▶ **ACTIVITY**:
Could you print each entry below verbatim while omitting the pictures?
◆ ◆ ◆ ◆ ◆ ◆ ◆
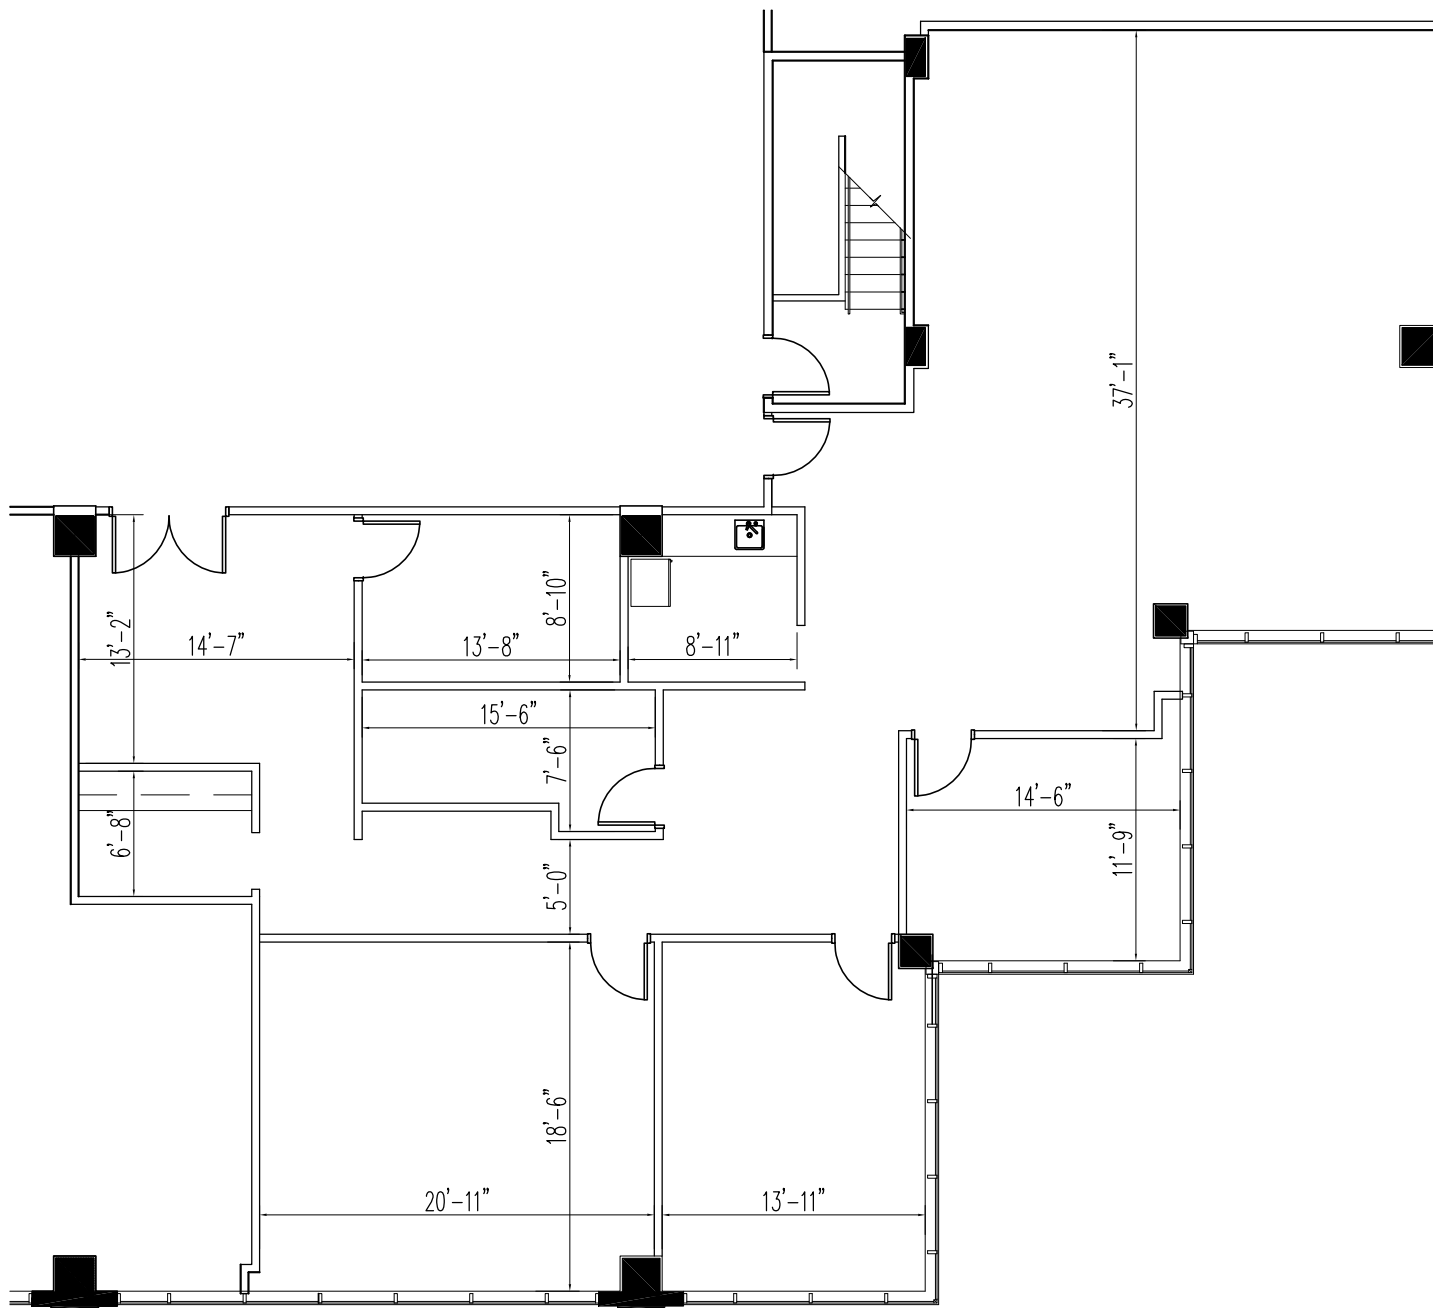

insight
design

2930 Northeast
2nd Court
Miami
Florida
3 3 1 3 7
305 545 4964

Management & Leasing by
TAYLOR&MATHIS

6505 WATERFORD AT BLUE LAGOON
04.28.11 AS-BUILT
◆ ◆ ◆ ◆ ◆ ◆ ◆
▶ **SOLVED PROBLEM**:
insight
design

2930 Northeast
2nd Court
Miami
Florida
3 3 1 3 7
305 545 4964

Management & Leasing by
TAYLOR&MATHIS

6505 WATERFORD AT BLUE LAGOON
04.28.11 AS-BUILT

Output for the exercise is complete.